Collect information on ongoing education during a year
Information about ongoing education (so-called course data) is available with courses as unit level (with associated course identifier). Courses are given by the combination of person x course type, where each individual can in practice be represented by several course types at the same time.
Since course data does not have a person as a unit, these cannot be imported into personal datasets in the usual way, but must be connected using the merge
command.
First, you have to add a link between the course ID and the person ID on the course data. You then have to aggregate up to person level using the command collapse
before finally connecting to the personal dataset.
In the example, a personal dataset is first created consisting of people residing in Norway (regstatus == '1'
) as of 2021-01-01. A history of ongoing education is then retrieved for the entire year 2021, where you select for education at a higher level (master’s or higher, level 7 and 8). The command collapse(count)
is used to count the number of observations with ongoing education per individual over the year 2021, and the result is then linked to the person dataset for further analysis.
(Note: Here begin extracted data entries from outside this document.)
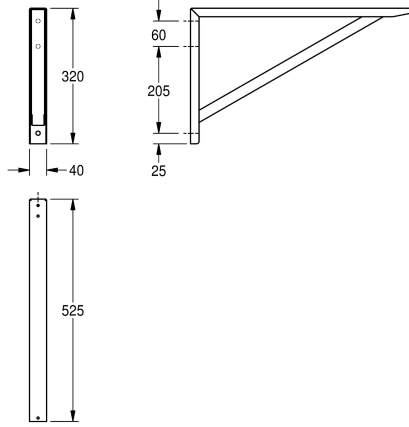

#### KWC-Nr.

**2000056824**

SIRIUS Konsole, Abmessungen 40 x 525 x 320 mm (B x H x T)

Konsole, für Wandmontage, Chromnickelstahl, Oberfläche seidenmatt, Materialstärke 1,5 mm, passend zu BS351, BS352 und BS353, inklusive Befestigungsmaterial.

Abmessungen 40 x 320 x 525 mm (B x H x T)

#### Technische Daten

Material	Edelstahl
Materialtyp	1.4301 Chromnickelstahl V2A
Materialstärke	1.5 mm
Gesamttiefe	525 mm
Gesamthöhe	320 mm
Gesamtbreite	40 mm
Oberflächenbehandlung	seidenmatt
Art der Montage	Wandmontage
teamNumber	433391
sanitasTroeschNumber	7321 175

Edelstahl
1.4301 Chromnickelstahl V2A
1.5 mm
525 mm
320 mm
40 mm
seidenmatt
Wandmontage
433391
7321 175

NB! Note that the kurstype (course type) variable after using collapse
will consist of values for the relevant statistic being run, in this case the number of observations (count
).
//Connect to datastore
require no.ssb.fdb:30 as db
//Create individual level dataset containing residents in Norway per 2021-01-01
create-dataset persondata
import db/BEFOLKNING_KJOENN as gender
import db/BEFOLKNING_STATUSKODE 2020-01-01 as regstatus
keep if regstatus == '1'
//Retrieve people who are studying for masters degree or higher during 2020
create-dataset coursedata
import-event db/NUDB_KURS_NUS 2020-01-01 to 2020-12-31 as coursetype
destring coursetype
keep if coursetype >= 700000 & coursetype < 900000
//Add link between courseid and personal id number
create-dataset link_course_person
import db/NUDB_KURS_FNR as idnr
merge idnr into coursedata
//Create statistics (collapse) over number of events containing higher degree education per individual, and link this into the person dataset
use coursedata
collapse (count) coursetype -> courses, by(idnr)
merge courses into persondata
//Produce table counting number of people studying higher degree during 2020
use persondata
generate edu_high = 0
replace edu_high = 1 if courses >= 1
tabulate edu_high gender